However, there are obstacles that Open RAN must overcome to be widely deployed. In particular, energy efficiency. Deutsche Telekom, along with most other big operators, is determined to reduce its carbon footprint and slash energy bills. Open RAN “is less energy efficient than today’s RAN technology,” Ms. Nemat said. The use of x86 general-purpose microprocessors in virtualized, open RAN deployments seems to be responsible for this inefficiency.

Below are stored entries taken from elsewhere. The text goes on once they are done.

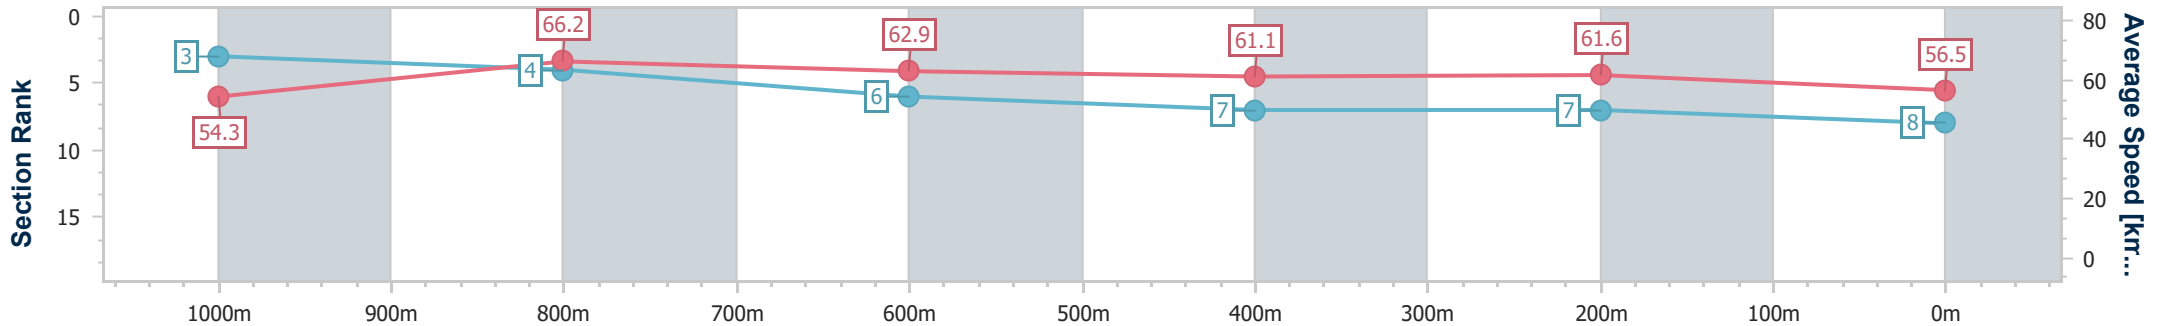

- [ ] Ranking at each section and finish
- .-.- No data available at this section
- NA No data available

Horse/Jockey Name	Stylish Angel
Final Rank	8
Fastest Section Time (Section)	0:11.03 (1000m)
Top Speed [km/h] (Section)	69.2 (Overall)
Race State	Finished

Section	Overall	1000m	800m	600m	400m	200m
Section Times	1:12.22 [8] (0:13.30)	0:58.92 [3] (0:11.03)	0:47.89 [4] (0:11.64)	0:36.25 [6] (0:11.81)	0:24.44 [7] (0:11.72)	0:12.72 [7] (0:12.72)
Average Speed [km/h]	54.3	66.2	62.9	61.1	61.6	56.5
Top Speed [km/h]	69.2	67.3	66.8	62.0	62.7	59.4
Avg. Dist. to Rail [m]	3.6	3.2	3.8	1.0	0.9	1.6
Avg. Stride Freq. [Hz]	2.5	2.6	2.4	2.4	2.4	2.3
Avg. Stride Length [m]	6.1	7.2	7.2	7.1	7.2	6.7
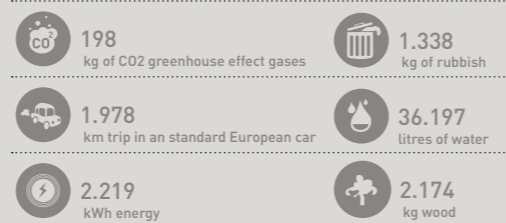

Actiu has made this document with 100% recycled paper reducing environmental impact as follows:
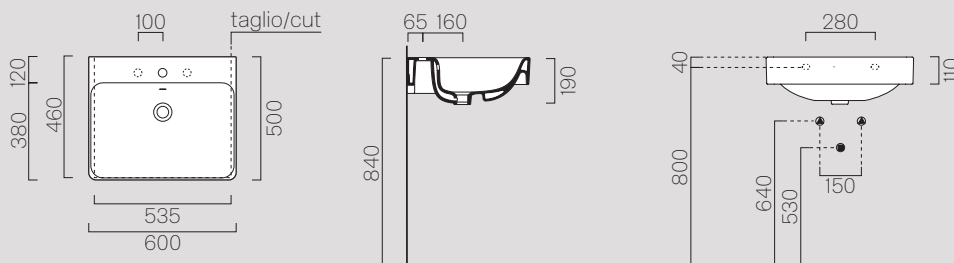

60x50 9031111

Description	Washbasin
Code	9031111
Dimensions	60x50 h19
Weight	Kg 18,5
Capacity	Lt 9
Overflow	CL 25
Installation	Wall-hung, built-in
Taphole	1 (3)
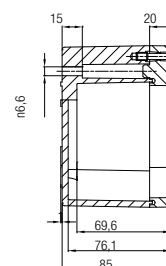

Technical data

External dimensions	80 x 75 x 55 mm	
Weight	230 g	
Material	polyester, grey, black	
Article no.	07-51 □□ -0800/7555	

External dimensions	110 x 75 x 55 mm	
Weight	280 g	
Material	polyester, grey, black	
Article no.	07-51 □□ -1100/7555	

External dimensions	160 x 75 x 55 mm	
Weight	370 g	
Material	polyester, grey, black	
Article no.	07-51 □□ -1600/7555	

External dimensions	190 x 75 x 55 mm	
Weight	430 g	
Material	polyester, grey, black	
Article no.	07-51 □□ -1900/7555	

Technical data

External dimensions	122 x 120 x 90 mm
Weight	660 g
Material	polyester, grey, black
Article no.	07-51 □□ -1221/2090

External dimensions	122 x 120 x 120 mm
Weight	890 g
Material	polyester, grey, black
Article no.	07-51 □□ -1221/2012

External dimensions	220 x 120 x 90 mm
Weight	1040 g
Material	polyester, grey, black
Article no.	07-51 □□ -2201/2090

External dimensions	160 x 160 x 90 mm
Weight	1280 g
Material	polyester, grey, black
Article no.	07-51 □□ -1601/6090
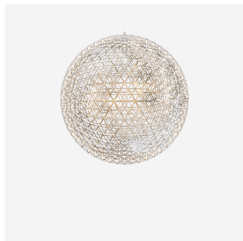

Raimond II R127-R163-R199

RAIMOND PUTS, 2009

The Raimond lights: perfect spheres of mathematical ingredients punctuated by tiny LED lights. Designer Raimond Puts was intrigued by the shape of the geodesic dome and with the mystery of prime numbers. It's no coincidence that the dimension of all Raimond lights resembles a prime number. The result of mathematical perfection that brings the starry night sky into your home.

Model: **RAIMOND II, R127**

Raimond II, R127 10 MTR CABLE

8718282359908

€ 14.503 In stock

MATERIAL DESCRIPTION

Stainless Steel Sphere (indoor use, not resistant to marine environments) with PMMA lenses

OUTDOOR USE

No

LIGHTSOURCE INCLUDED

Yes

INPUT VOLTAGE

120-250V

LAMPHOLDER

LED (Solid state)

CABLE LENGTH

1000cm | 393.7"

COLOUR TEMPERATURE

2500 K

NUMBER OF LIGHTSOURCES

492

MAX POWER CONSUMPTION

58W

CABLE COLOUR

Transparent with tinned cores

CANOPY

White metal rectangle

CRI

92
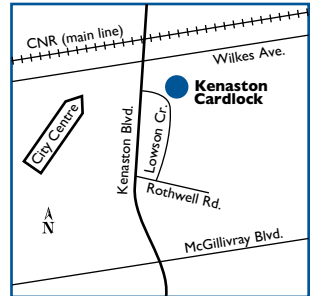

## Cardlock

25 Lowson Crescent

P: (204) 233-0848 F: (204) 235-1517

GPS – Long: -97.207261000 Lat: 49.8394140000

### NEAREST HUSKY ROUTE COMMANDER FACILITIES:

N	Winnipeg, MB .....	15 km
E	Winnipeg, MB .....	15 km
S	Morris, MB .....	64 km
W	Headingley, MB .....	15 km

Site #7002
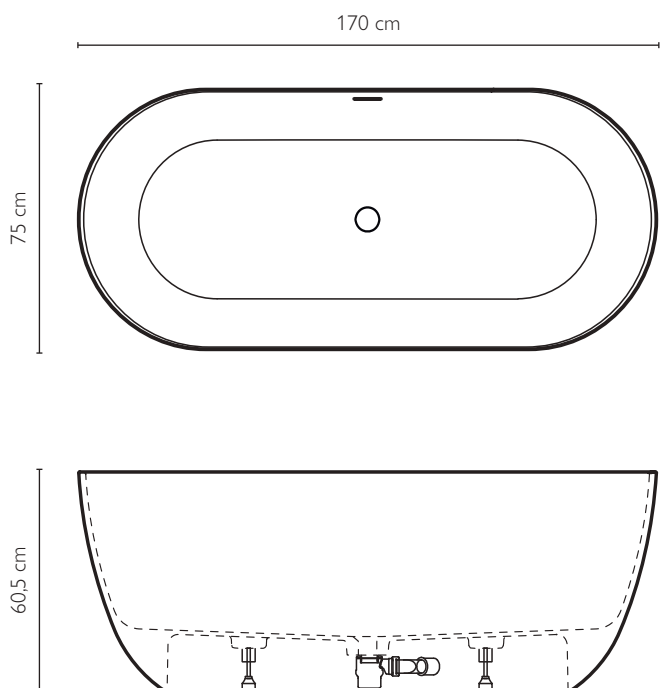

glossy white

DESIRE free-standing bathtub

**SPECIFICATIONS**

185 x 94,5 x 63,5 H cm

Net weight 47 kg

Water Volume 360 l

Maximum seat width 56 cm

**MATERIAL**

# — MOOREA

free-standing bathtub

### SPECIFICATIONS

170 x 75 x 60,5 H cm

Net weight 140 kg

Water Volume 355 l

Maximum seat width 56 cm
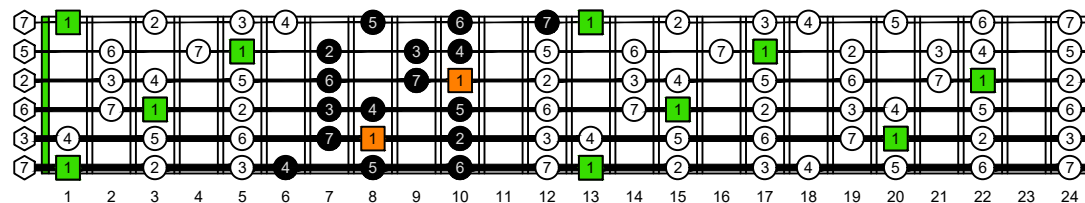

BAGED octaves (6-string guitar : 6/7th guitar tuning - B1:E2:A2:D3:G3:B3) **C natural** - ENTIRE FINGERBOARD NOTE NAMES

BAGED octaves (6-string guitar : 6/7th guitar tuning - B1:E2:A2:D3:G3:B3) **C major scale (ionian mode)** - ENTIRE FINGERBOARD INTERVALS

BAGED octaves (6-string guitar : 6/7th guitar tuning - B1:E2:A2:D3:G3:B3) **C major scale (ionian mode)** - INTERVALS : 6B4B1 box shape (3nps)

BAGED octaves (6-string guitar : 6/7th guitar tuning - B1:E2:A2:D3:G3:B3) **C major scale (ionian mode)** - INTERVALS : 6B4A2 box shape (3nps)

BAGED octaves (6-string guitar : 6/7th guitar tuning - B1:E2:A2:D3:G3:B3) **C major scale (ionian mode)** - INTERVALS : 4A2 box shape (3nps)

BAGED octaves (6-string guitar : 6/7th guitar tuning - B1:E2:A2:D3:G3:B3) **C major scale (ionian mode)** - INTERVALS : 5G2 box shape (3nps)

BAGED octaves (6-string guitar : 6/7th guitar tuning - B1:E2:A2:D3:G3:B3) **C major scale (ionian mode)** - INTERVALS : 5E3 box shape (3nps)

BAGED octaves (6-string guitar : 6/7th guitar tuning - B1:E2:A2:D3:G3:B3) **C major scale (ionian mode)** - INTERVALS : 5E3D1 box shape (3nps)
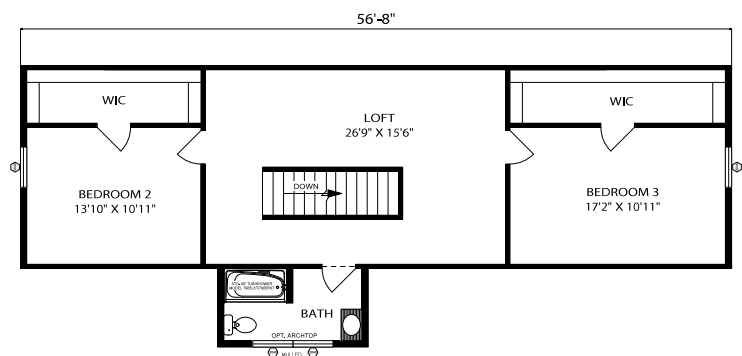

CAPE VERDE

PLEASANT VALLEY
HOMES
DESIGN FOR LIFE

First Floor

1 bedroom | 1.5 bath | approx. 1,399 sq. ft.

Proposed Second Floor

2 bedrooms | 1 bath | approx. 878 sq. ft.
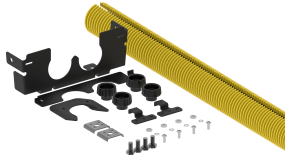

# FGSB-KT03-B-15F

FiberGuide® Dual 2" Flex Tube Attachment, 4x6in, (2) 15ft Length, Black

### Replaced By:

FGS-KT03-B-15F      FiberGuide® Dual 2in Flex Tube Attachment, 4x6in, 15ft Length, Yellow

## General Specifications

<b>Product Feature</b>	Round
<b>Color</b>	Black
<b>Orientation</b>	Vertical
<b>Section Type</b>	Vertical section

## Dimensions

<b>Length</b>	4572 mm   180 in
<b>Tube Outer Diameter</b>	50.8 mm   2 in
<b>System Dimensions</b>	102 mm x 152 mm (4 in x 6 in)
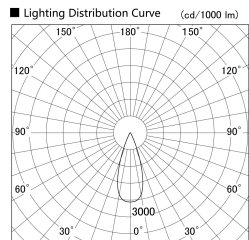

Item no. SD379-1635W9035-IK

Series Name: AMMA Lens type Cylinder Tracklight (In Track) (SD379-IK)

Installation	Track mount
Type	Lens type tracklight : In track type
Fixture wattage	14W
Beam angle	37deg
Color Temp.	3500K
CRI	Ra>90
Luminous	1729 lm
Body	Die-castaluminumalloy
Body finish	White
Trim finish	White
Reflector finish	N/A
IP Rate	IP20
Light source	COB module
Input Voltage	AC220~240V
Dimming Type	Non-Dimmable
Certificate	CE,CCC
Cut Hole	N/A
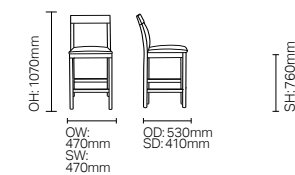

DCAV03 upholstered sides

DCAV04
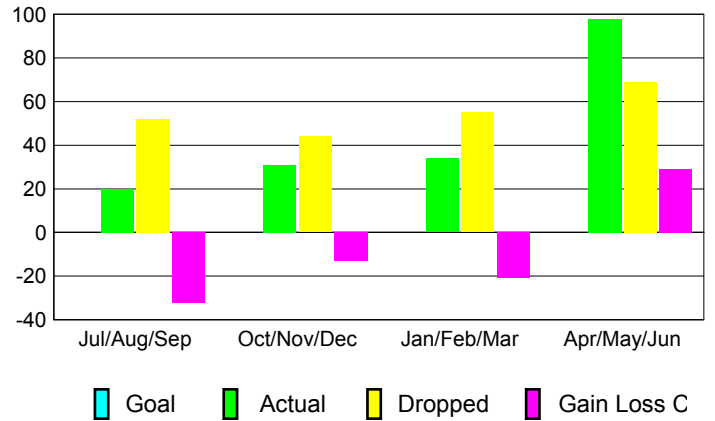

GMT: **Ricardo Shoiti Komatsu**

Location: **BRAZIL**

GMT CA: **3**

CLUBS

Month	New Club Goal	Actual New Clubs	Actual Dropped Clubs	Gain/Loss of Clubs
2012-2013				
Jul/Aug/Sep		0	0	0
Oct/Nov/Dec		0	0	0
Jan/Feb/Mar		0	0	0
Apr/May/June		1	0	1
Totals		1	0	1

Club Results 2012-2013
Goal, New, Dropped, Gain/Loss

YTD Status Quo Clubs 2012-2013

Status Quo Clubs Compared to Status Quo Members

Club Gain/Loss 2012-2013

MEMBERSHIP

Month	Net Memb Goal	Actual New Memb	Actual Dropped Memb	Gain/Loss of Memb
2012-2013				
Jul/Aug/Sep		20	52	-32
Oct/Nov/Dec		31	44	-13
Jan/Feb/Mar		34	55	-21
Apr/May/June		98	69	29
Totals		183	220	-37

Membership Results 2012-2013
Goal, New, Dropped, Gain/Loss

Gender Comparison 2012-2013

Membership Gain/Loss 2012-2013
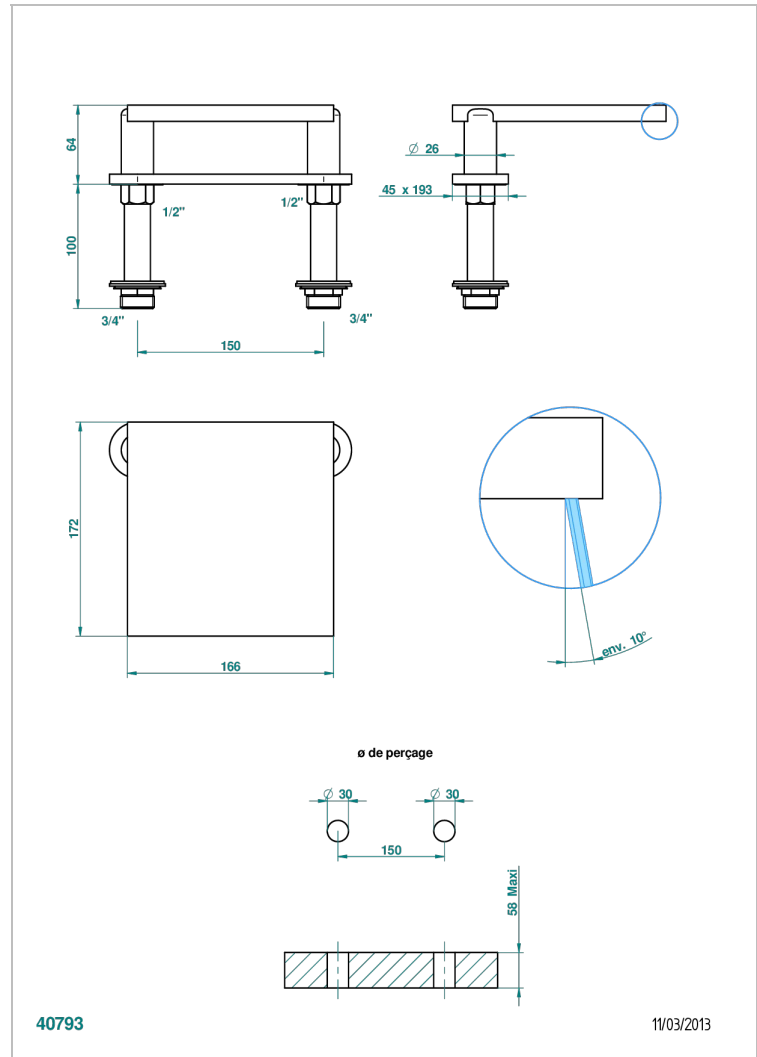

LE 11 WITH LEVER

U2B-29NIA/A

Rim mounted Waterfall bath spout

THG[®]
PARIS

CHARACTERISTIC

- Le 11 with lever
- Rim mounted Waterfall bath spout

RELATED SKU'S

- Ref. G00-77 Connection kit for waterfall spouts

“If you have an ASIC [application-specific integrated circuit] for baseband processing, it is always cheaper than using a general-purpose microprocessor like an Intel processor,” said Alex Choi, Deutsche Telekom’s head of strategy and technology innovation, two years ago.
One option is to use ASICs and other chips as hardware accelerators for more efficient baseband processing. Companies including Marvell, Nvidia and Qualcomm all have products in development for sale as merchant silicon in open RAN deployments. Nemat, noted a breakthroughs with Intel.
“We achieved a reduction of electricity consumption of around minus 30%. For us, that is a big step forward for commercial deployment.”
Light Reading’s Iain Morris, provided this assessment:
Even so, a commercial open RAN deployment involving companies like NEC and Mavenir is hard to imagine. Any widespread rollout of their technologies would mean swapping out equipment recently supplied by Ericsson or Huawei (DT’s current 5G network equipment vendors), unless Deutsche Telekom plans to run two parallel networks. Either option would be costly.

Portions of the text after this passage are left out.